There will ever be national perspectives on Hitler and his allies, for the torment of the World War nations have neither forgotten nor forgiven their enemies for having inflicted upon them. And this leads to bias in the analysis and understanding of the players in the political arena of the times. But history has to be objective and cannot subscribe to the prejudices of the afflicted.

The victor writes the history of the war he wins and paints his adversary as a demon despicable while absolving himself of all the ills of war he has been party to. So has Netaji been projected before the world by Britain as a quisling who was up to the act of selling his country's best interests to the enemy of British India in Imperial Japan. Nehru capitalised on this and declared a one-man sword-in-hand war at the borders of India on the advancing Japanese forces led by the INA. This was hilarity at its best but there is a more sinister element to it as well. Nehru spared no means to obliterate Netaji and his INA in person and in ideological terms by way of obscuring their contributions to freedom and helping smash their remnants after the war in alliance with the Machiavellian Mountbatten whose wife he courted. And thereafter he blackmailed the Mahatma into nominating him Prime Minister of Dominion India even though the Congress Working Committee had unanimously (11 out 13 with 2 abstentions) elected Sardar Patel as the would be Prime Minister. Nehru now began to show his fangs to his disillusioned foster father and the Mahatma is reportedly said to have lamented that he had backed the wrong horse in Nehru and by implication rued Subhas' absence from the storm-tossed national scene post 18 August, 1945.

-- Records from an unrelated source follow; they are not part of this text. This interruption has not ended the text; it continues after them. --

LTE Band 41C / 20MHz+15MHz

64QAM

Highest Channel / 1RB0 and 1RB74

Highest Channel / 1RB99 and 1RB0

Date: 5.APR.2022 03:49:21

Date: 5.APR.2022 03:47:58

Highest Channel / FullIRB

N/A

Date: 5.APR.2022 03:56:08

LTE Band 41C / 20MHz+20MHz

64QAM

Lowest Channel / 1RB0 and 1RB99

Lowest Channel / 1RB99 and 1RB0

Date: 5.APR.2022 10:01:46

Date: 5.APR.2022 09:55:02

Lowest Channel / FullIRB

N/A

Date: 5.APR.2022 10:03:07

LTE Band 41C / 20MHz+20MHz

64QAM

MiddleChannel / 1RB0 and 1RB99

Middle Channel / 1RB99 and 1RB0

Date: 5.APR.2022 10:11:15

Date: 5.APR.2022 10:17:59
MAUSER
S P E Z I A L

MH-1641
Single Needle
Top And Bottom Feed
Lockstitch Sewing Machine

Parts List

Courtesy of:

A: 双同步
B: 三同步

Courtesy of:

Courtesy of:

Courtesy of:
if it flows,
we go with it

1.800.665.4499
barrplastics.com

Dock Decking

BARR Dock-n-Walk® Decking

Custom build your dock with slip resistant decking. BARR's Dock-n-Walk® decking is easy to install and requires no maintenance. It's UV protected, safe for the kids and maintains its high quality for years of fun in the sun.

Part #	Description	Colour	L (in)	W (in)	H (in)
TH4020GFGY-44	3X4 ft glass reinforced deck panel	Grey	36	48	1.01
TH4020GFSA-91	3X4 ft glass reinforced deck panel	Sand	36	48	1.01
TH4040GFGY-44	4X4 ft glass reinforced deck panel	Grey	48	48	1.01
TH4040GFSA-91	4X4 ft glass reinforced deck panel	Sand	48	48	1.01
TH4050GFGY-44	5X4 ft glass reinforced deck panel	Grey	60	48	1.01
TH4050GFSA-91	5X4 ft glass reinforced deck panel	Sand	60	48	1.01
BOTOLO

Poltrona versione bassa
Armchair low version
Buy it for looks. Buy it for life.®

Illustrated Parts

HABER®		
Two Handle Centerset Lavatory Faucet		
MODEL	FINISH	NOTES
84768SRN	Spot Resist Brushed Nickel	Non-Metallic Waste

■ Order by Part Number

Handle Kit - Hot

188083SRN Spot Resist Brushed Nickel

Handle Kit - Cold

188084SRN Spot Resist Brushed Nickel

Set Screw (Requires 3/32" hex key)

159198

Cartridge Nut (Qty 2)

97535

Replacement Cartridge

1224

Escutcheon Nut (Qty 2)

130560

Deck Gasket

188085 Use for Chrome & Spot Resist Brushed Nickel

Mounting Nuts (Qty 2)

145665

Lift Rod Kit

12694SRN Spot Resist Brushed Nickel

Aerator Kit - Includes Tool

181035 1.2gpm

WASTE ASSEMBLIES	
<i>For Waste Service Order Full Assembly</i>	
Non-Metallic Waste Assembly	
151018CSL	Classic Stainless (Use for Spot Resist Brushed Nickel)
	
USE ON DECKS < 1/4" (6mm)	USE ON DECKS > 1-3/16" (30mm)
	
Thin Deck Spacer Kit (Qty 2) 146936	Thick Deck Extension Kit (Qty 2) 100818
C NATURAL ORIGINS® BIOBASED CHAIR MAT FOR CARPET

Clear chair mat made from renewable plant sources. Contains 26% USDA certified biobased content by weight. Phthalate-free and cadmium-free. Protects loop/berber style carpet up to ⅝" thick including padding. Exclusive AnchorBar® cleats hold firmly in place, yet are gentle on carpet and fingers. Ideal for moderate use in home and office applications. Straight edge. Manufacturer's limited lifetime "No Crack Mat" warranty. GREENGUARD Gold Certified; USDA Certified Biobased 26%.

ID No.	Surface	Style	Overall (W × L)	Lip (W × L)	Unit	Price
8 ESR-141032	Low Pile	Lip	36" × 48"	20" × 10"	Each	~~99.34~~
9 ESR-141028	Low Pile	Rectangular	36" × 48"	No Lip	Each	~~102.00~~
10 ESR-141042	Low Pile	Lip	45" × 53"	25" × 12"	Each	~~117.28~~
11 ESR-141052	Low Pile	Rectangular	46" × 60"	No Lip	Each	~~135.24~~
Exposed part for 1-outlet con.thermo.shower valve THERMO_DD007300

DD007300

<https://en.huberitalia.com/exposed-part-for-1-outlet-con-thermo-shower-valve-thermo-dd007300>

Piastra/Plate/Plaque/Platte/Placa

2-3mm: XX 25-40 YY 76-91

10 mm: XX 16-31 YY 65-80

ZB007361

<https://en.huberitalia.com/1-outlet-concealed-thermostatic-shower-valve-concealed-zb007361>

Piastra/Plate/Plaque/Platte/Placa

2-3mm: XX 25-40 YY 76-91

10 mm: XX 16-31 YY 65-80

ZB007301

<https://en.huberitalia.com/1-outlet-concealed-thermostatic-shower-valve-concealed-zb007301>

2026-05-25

The British were an alien power who claimed inalienable rights to subjugate and govern India. Their governance over 190 years was a systematic despoiling of the wealth of the colony that was 'the Jewel in the Crown'. Against this rapacious order rose the revolutionaries during the Revolt of 1857 when the British were paid back in their own coin by their rebellious sepoys and their dependencies who 'shook off the sterile curse' of colonialism for once. The Revolt was ruthlessly suppressed after the British had suffered significant initial reverses and the East India Company was disbanded in India by the British Crown that now assumed official control of the governance of India with the Queen's Proclamation of 1858. Victoria became Queen Empress of India.

Then began the divisive politics of the British as they attempted pitting the Hindus against the Muslims initially and in later years the Muslims against the Hindus, a move that paid off in the long run as India in independence got partitioned along the preset communal lines.